One can test theories concerning specific slope coefficients using the t-test. This test is suitable for use when the sample meets several requirements, including independence, equal variance, and normality [6]. The t-test is now commonly used in econometrics for hypothesis testing because these are typically the case. The t-values can be calculated for each estimated coefficient of a common equation for multiple regression
\( {Y_{i}}={β_{0}}+{β_{1}}{X_{1i}}+{β_{2}}{X_{2i}}+⋯+{ε_{i}},\ \ \ (1) \)
and t-statistic for the \( {k^{th}} \) coefficient is
\( {t_{k}}=\frac{({\hat{β}_{k}}-{β_{H0}})}{SE({\hat{β}_{k}})}.\ \ \ (2) \)

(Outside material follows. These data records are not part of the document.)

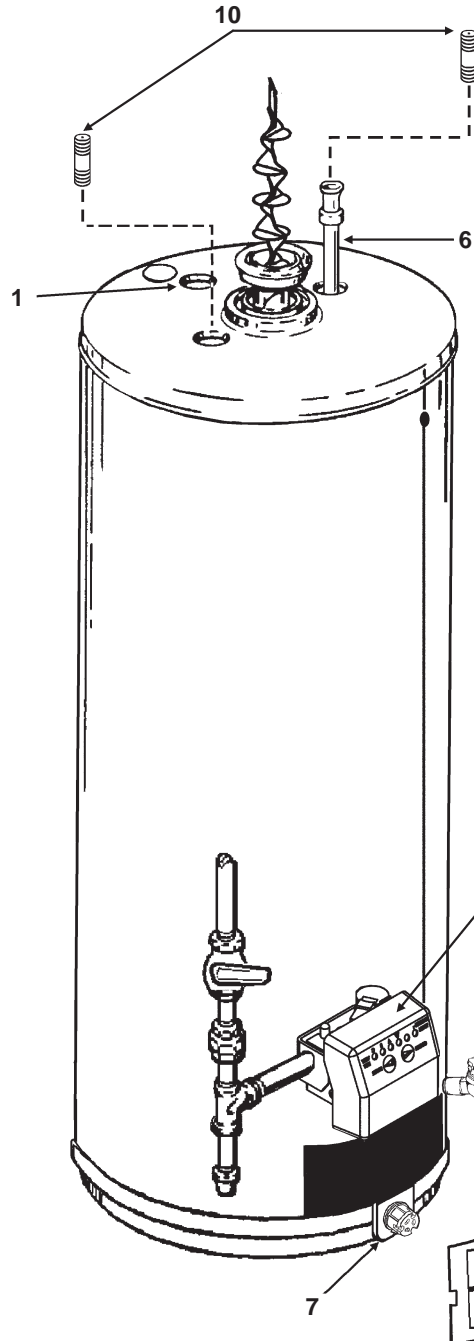

RESIDENTIAL GAS SERVICE PARTS LIST

MODELS:
LV(N,L)04050 04050ST
05050 05050ST
Series 100, 101

Lochinvar LLC
300 Maddox Simpson Pkwy, Lebanon, TN 37090.
1-615-889-8900
www.lochinvar.com

Item	Description	LVN04050	LVL04050	LVN05050	LVL05050
		LVN04050ST	LVL04050ST	LVN05050ST	LVL05050ST
		100	101	100	101
1.....	Anode, Aluminum - 6 Year.....	9000029005.....	9000029005.....	9000029005.....	9000029005.....
2.....	Blower Assembly.....	9005961005.....	9005961005.....	9005961005.....	9005961005.....
3.....	Pressure Switch Kit.....	9006018015.....	9006018015.....	9006018015.....	9006018015.....
4.....	Burner Assembly- Natural Gas.....	9006023005.....	N/A.....	9005942005.....	N/A.....
4.....	Burner Assembly - Propane Gas.....	N/A.....	9006025005.....	N/A.....	9005947005.....
5.....	Combination Gas Valve - Natural.....	9005964005.....	N/A.....	9005964005.....	N/A.....
5.....	Combination Gas Valve - Propane.....	N/A.....	9005965005.....	N/A.....	9005965005.....
6.....	Diffuser Inlet Tube with Spacer.....	9006043005.....	9006043005.....	9002545005.....	9002545005.....
7.....	FV Sensor and Bracket Kit.....	9006029015.....	9006029015.....	9006029015.....	9006029015.....
8.....	Igniter Assembly, Hot Surface with Door Gasket.....	9005958005.....	9005958005.....	9005958005.....	9005958005.....
9.....	Inner Door Gasket.....	9003401005.....	9003401005.....	9003401005.....	9003401005.....
10.....	Nipples - 5 inch.....	9003936015.....	9003936015.....	9003936015.....	9003936015.....
11.....	Valve, Drain - Brass.....	9001870015.....	9001870015.....	9001870015.....	9001870015.....
12.....	Valve, T&P Relief.....	9000728015.....	9000728015.....	9000728015.....	9000728015.....
13.....	Vent Terminal Screen Kit.....	9006027015.....	9006027015.....	9006027015.....	9006027015.....
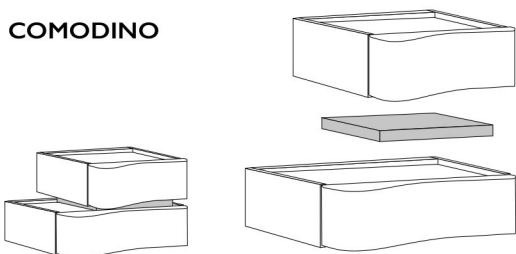

Mod. CLOE componibile

Cassetto spess. 6,5/7,5 cm. — Sistema SOFT CLOSING

Descrizione	TOP ECOWOOD		TOP NATURA		TOP LACCATO OPACO		TOP LACCATO LUCIDO		
	Codice		Codice		Codice		Codice		
COMODINO dx-sx L. 55,6 H. 22 P. 47 cm Es. SX SE ELEMENTO A TERRA H. 23,8 cm (COMPRESIVO DI PIEDINO)	ECOWOOD	CLOE E 10	CLOE EN 10	CLOE ELO 10	CLOE ELL 10	DIFFERENZA TOP LACCATO OSSIDO			
	LACCATO OPACO		CLOE LON 10	CLOE LO 10					
	LACCATO LUCIDO		CLOE LLN 10		CLOE LL 10				
COMODINO dx-sx L. 72 H. 22 P. 47 cm Es. SX SE ELEMENTO A TERRA H. 23,8 cm (COMPRESIVO DI PIEDINO)	ECOWOOD	CLOE E 20	CLOE EN 20	CLOE ELO 20	CLOE ELL 20	DIFFERENZA TOP LACCATO OSSIDO			
	LACCATO OPACO		CLOE LON 20	CLOE LO 20					
	LACCATO LUCIDO		CLOE LLN 20		CLOE LL 20				
DISTANZIALE L. 52 H. 3,8 P. 36 cm Es. SX	ECOWOOD		DIST 52 E			DIFFERENZA TOP LACCATO OSSIDO			
	LACCATO OPACO		DIST 52 LO						
	LACCATO LUCIDO		DIST 52 LL						
COMÓ dx-sx L. 135 H. 22 P. 58 cm Es. SX SE ELEMENTO A TERRA H. 23,8 cm (COMPRESIVO DI PIEDINO)	ECOWOOD	CLOE E 30	CLOE EN 30	CLOE ELO 30	CLOE ELL 30	DIFFERENZA TOP LACCATO OSSIDO			
	LACCATO OPACO		CLOE LON 30	CLOE LO 30					
	LACCATO LUCIDO		CLOE LLN 30		CLOE LL 30				
DISTANZIALE L. 115 H. 3,8 P. 46 cm Es. SX	ECOWOOD		DIST 115 E			DIFFERENZA TOP LACCATO OSSIDO			
	LACCATO OPACO		DIST 115 LO						
	LACCATO LUCIDO		DIST 115 LL						
TOP SAGOMATO 	TOP ECOWOOD		TOP NATURA		TOP LACCATO OPACO		TOP LACCATO LUCIDO		
	Codice		Codice		Codice		Codice		
CLOE E 200		CLOE EN 200		CLOE ELO 200		CLOE ELL 200			
DIFFERENZA PARTI LACCATO OSSIDO									

ESEMPIO DI ASSEMBLAGGIO

COMODINO
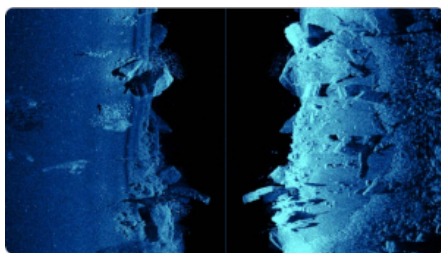

**Aktywne obrazowanie™ 3
w 1 i Aktywne obrazowanie™ HD**

Sonar Active Imaging™ i Active Imaging™ HD* doskonale nadaje się do określania lokalizacji miejsc, w których znajdują się ryby, takich jak stopy kamieni, stojące drzewa, ławice wodorostów, rowy i spadki. Zapewnia on obrazy ryb i struktur o wyjątkowej przejrzystości i najwyższej rozdzielczości z większego zasięgu niż jakakolwiek inna technologia obrazowania struktur.**

--	--	--

Obrazowanie DownScan

Dzięki technologii DownScan Imaging™ łatwiej jest określić, jak ryby znajdują się w stosunku do obiektów podwodnych, zapewniając zdjęcia skał, drzew, składu dna i innych podwodnych struktur znajdujących się bezpośrednio pod łodzią.

Obrazowanie SideScan

Idealne do przeszukiwania dużych obszarów w poszukiwaniu struktur, w których mogą znajdować się ryby. Umożliwiają one pokrycie większego obszaru wody w krótszym czasie i wykrycie obszarów zbyt płytkich dla łodzi - na przykład obszarów wzdłuż brzegu.

Here, \( {\hat{β}_{k}} \) stands for the \( {k^{th}} \) variable’s estimated regression coefficient, \( {β_{H0}} \) for the variable’s \( {k^{th}} \) border value coefficient, and \( SE({\hat{β}_{k}}) \) for the variable \( {\hat{β}_{k}} \) ’s estimated standard error. A null hypothesis’s rejection or acceptance is determined by contrasting the estimated t-value with the critical t-value. The value that distinguishes the acceptance area from the area of rejection is known as the critical t-value. The degrees of freedom, the type I error level, and the one- or two-sidedness of the test are taken into consideration when choosing the critical t-value, or \( {t_{c}} \) , from the corresponding table. Once a critical t-value ( \( {t_{c}} \) ) has been selected and calculated, the t-value ( \( {t_{k}} \) ) can be obtained. This leads to the decision rule: if | \( {t_{k}} \) | > \( {t_{c}} \) and \( {t_{k}} \) bears the sign that \( {H_{A}} \) implies, reject \( {H_{0}} \) , and otherwise, do not reject \( {H_{0}} \) .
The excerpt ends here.